Decisions and Action Items

• VPN Service Performance Monitoring: The chairs indicated that due to the substantive change (addition of choice for inter-site performance monitoring), the draft might benefit from more review time, potentially another week, before IESG publication.
• Export of SRv6 Information in IPFIX: The authors requested a call for adoption at opsawg. Chairs will likely initiate this after some review.
• MLMO (Data Model for Life Cycle Management and Operations): While a poll showed significant support, no formal call for adoption was made.
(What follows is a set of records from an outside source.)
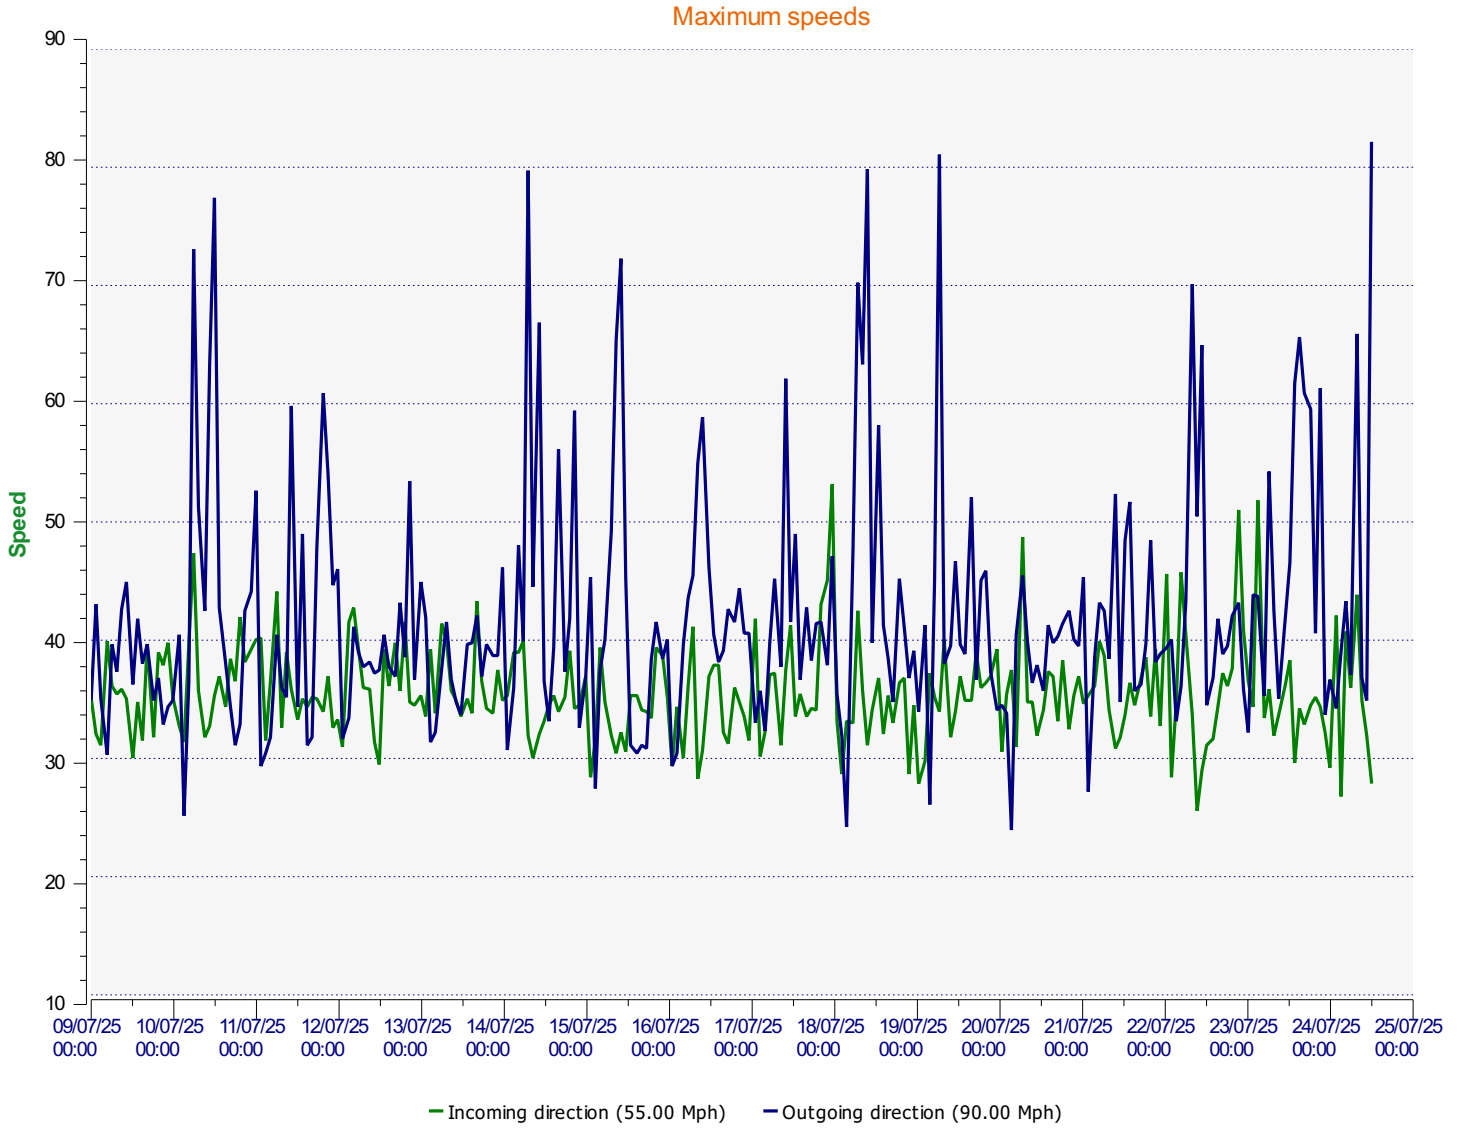

**Location:** Herd Street - 30mph

**Comments:**

Average speeds

**Start date:** Wednesday, July 9, 2025 12:00 AM  
**End date:** Thursday, July 24, 2025 12:30 PM

**Location:**

**Comments:**

**Start date:** Wednesday, July 9, 2025 12:00 AM  
**End date:** Thursday, July 24, 2025 12:30 PM

**Location:**

**Comments:**

**Start date:** Wednesday, July 9, 2025 12:00 AM  
**End date:** Thursday, July 24, 2025 12:30 PM

**Location:**

**Comments:**

**Start date:** Wednesday, July 9, 2025 12:00 AM  
**End date:** Thursday, July 24, 2025 12:30 PM

**Location:**

**Comments:**

**Start date:** Wednesday, July 9, 2025 12:00 AM  
**End date:** Thursday, July 24, 2025 12:30 PM

**Location:**

**Comments:**

**Speed percentiles (incoming)**

**V30:** 20.00Mph    **V50:** 22.00Mph    **V85:** 26.00Mph

**Start date:** Wednesday, July 9, 2025 12:00 AM  
**End date:** Thursday, July 24, 2025 12:30 PM

**Location:**

**Comments:**

**Speed percentile(outgoing)**

**V30:** 21.00Mph    **V50:** 24.00Mph    **V85:** 29.00Mph

Chairs indicated this discussion should continue on the mailing list to resolve open questions.
• Yang Model for Data Export over IPFIX: The chairs indicated they would initiate another call for adoption after the recent restructuring and to garner renewed interest and review.

Next Steps

• Service Attachment Points: Proceed towards Working Group Last Call.
• VPN Service Performance Monitoring: Authors to continue engaging with the working group for further review on the substantive change before requesting IESG publication.
• SANE: A new version of the draft will be posted shortly, incorporating counter64 for version and an implementation suggestion, then move towards WGLC.
• Export of SRv6 Information in IPFIX: Chairs to facilitate a call for adoption. Authors to continue implementation efforts (aiming for vpp by IETF 115).
• MLMO: Further discussions on the mailing list to refine the model, especially regarding licensing complexity and attribute definitions. Side meetings will shift to monthly.
• SNMPv3 over TLS Transport Model Updates: Authors to make final edits, distribute for final review, and then start the last call process. They will also distribute to TLS reflectors. Further consideration for the naming of the new hashing table and the process for reflecting new TLS 1.3 algorithms is needed.
• Data Manifest for Contextualized Streaming Telemetry: Authors to analyze the threat model and address security concerns.
• In-band Flow Learning Framework: Authors to update the draft with more technical details on triggers, functions, and interoperability. Consideration to be given to presenting in the IPPM working group to clarify scope and seek feedback.
• Adaptive Traffic Data Collection: Authors to solicit comments and refine the draft. Explore Event MIB and research on A/B comparisons for monitoring methodologies.
• Yang Model for Data Export over IPFIX: Chairs to initiate a new call for adoption to ensure broader review and feedback from the working group, especially given the BBF's interest.

AD Open Mic Discussion:

• Operator Concerns on Policy in Drafts: An operator raised concerns about a draft (Quick manageability) stating a recommendation not to use version numbers for network admission control. The operator argued that RFCs should not dictate policy for network operators, who need flexibility for admission control and active traffic management, contrary to what some working groups imply (e.g., passive monitoring only).
• AD Response: The ADs acknowledged the tension between working group views and operator needs. They encouraged operators to clearly articulate their concerns in reviews and on the mailing list. If consensus cannot be reached, the ADs may place a "discuss" notice on the document to highlight valid operator concerns. They also emphasized the importance of early engagement with ADs when such issues arise and suggested that operators propose alternative text that focuses on potential problems rather than policy enforcement. The ADs reiterated that IETF documents require IETF-wide rough consensus, not just working group consensus, and that operator reviews are crucial for this process.